Stored entries
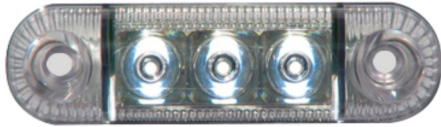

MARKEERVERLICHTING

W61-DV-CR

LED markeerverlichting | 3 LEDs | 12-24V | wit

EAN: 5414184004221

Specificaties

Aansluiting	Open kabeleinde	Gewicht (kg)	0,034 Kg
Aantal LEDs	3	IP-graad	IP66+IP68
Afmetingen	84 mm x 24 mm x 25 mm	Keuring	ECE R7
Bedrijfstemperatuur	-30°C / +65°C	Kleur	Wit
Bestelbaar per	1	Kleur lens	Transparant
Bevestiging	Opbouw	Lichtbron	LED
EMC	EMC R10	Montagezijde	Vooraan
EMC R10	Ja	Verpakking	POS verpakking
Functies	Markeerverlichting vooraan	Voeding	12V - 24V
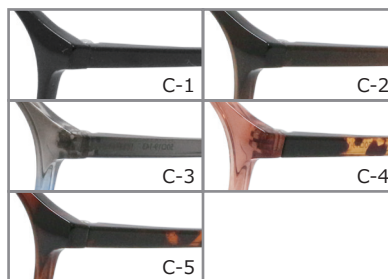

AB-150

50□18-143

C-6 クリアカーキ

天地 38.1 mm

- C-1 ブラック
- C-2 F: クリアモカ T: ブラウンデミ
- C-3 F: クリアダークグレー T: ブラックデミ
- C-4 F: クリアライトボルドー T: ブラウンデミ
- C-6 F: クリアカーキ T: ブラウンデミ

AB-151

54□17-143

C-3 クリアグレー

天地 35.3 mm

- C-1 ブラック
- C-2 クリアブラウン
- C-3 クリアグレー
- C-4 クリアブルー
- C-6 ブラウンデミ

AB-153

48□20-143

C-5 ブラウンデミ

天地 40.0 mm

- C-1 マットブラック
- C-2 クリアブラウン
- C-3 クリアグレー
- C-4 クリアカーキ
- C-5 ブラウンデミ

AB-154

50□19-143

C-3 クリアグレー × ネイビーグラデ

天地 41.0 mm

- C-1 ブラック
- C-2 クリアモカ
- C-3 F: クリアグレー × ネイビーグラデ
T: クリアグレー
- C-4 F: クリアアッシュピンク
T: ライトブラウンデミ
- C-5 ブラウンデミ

» AIM OF THE EXERCISE: Set down the data above exactly as written. Omit the pictures.

» EXERCISE RESPONSE:
MARKEERVERLICHTING

W61-DV-CR

LED markeerverlichting | 3 LEDs | 12-24V | wit

EAN: 5414184004221

Specificaties

Aansluiting	Open kabeleinde	Gewicht (kg)	0,034 Kg
Aantal LEDs	3	IP-graad	IP66+IP68
Afmetingen	84 mm x 24 mm x 25 mm	Keuring	ECE R7
Bedrijfstemperatuur	-30°C / +65°C	Kleur	Wit
Bestelbaar per	1	Kleur lens	Transparant
Bevestiging	Opbouw	Lichtbron	LED
EMC	EMC R10	Montagezijde	Vooraan
EMC R10	Ja	Verpakking	POS verpakking
Functies	Markeerverlichting vooraan	Voeding	12V - 24V

AB-150

50□18-143

C-6 クリアカーキ

天地 38.1 mm

- C-1 ブラック
- C-2 F: クリアモカ T: ブラウンデミ
- C-3 F: クリアダークグレー T: ブラックデミ
- C-4 F: クリアライトボルドー T: ブラウンデミ
- C-6 F: クリアカーキ T: ブラウンデミ

AB-151

54□17-143

C-3 クリアグレー

天地 35.3 mm

- C-1 ブラック
- C-2 クリアブラウン
- C-3 クリアグレー
- C-4 クリアブルー
- C-6 ブラウンデミ

AB-153

48□20-143

C-5 ブラウンデミ

天地 40.0 mm

- C-1 マットブラック
- C-2 クリアブラウン
- C-3 クリアグレー
- C-4 クリアカーキ
- C-5 ブラウンデミ

AB-154

50□19-143

C-3 クリアグレー × ネイビーグラデ

天地 41.0 mm

- C-1 ブラック
- C-2 クリアモカ
- C-3 F: クリアグレー × ネイビーグラデ
T: クリアグレー
- C-4 F: クリアアッシュピンク
T: ライトブラウンデミ
- C-5 ブラウンデミ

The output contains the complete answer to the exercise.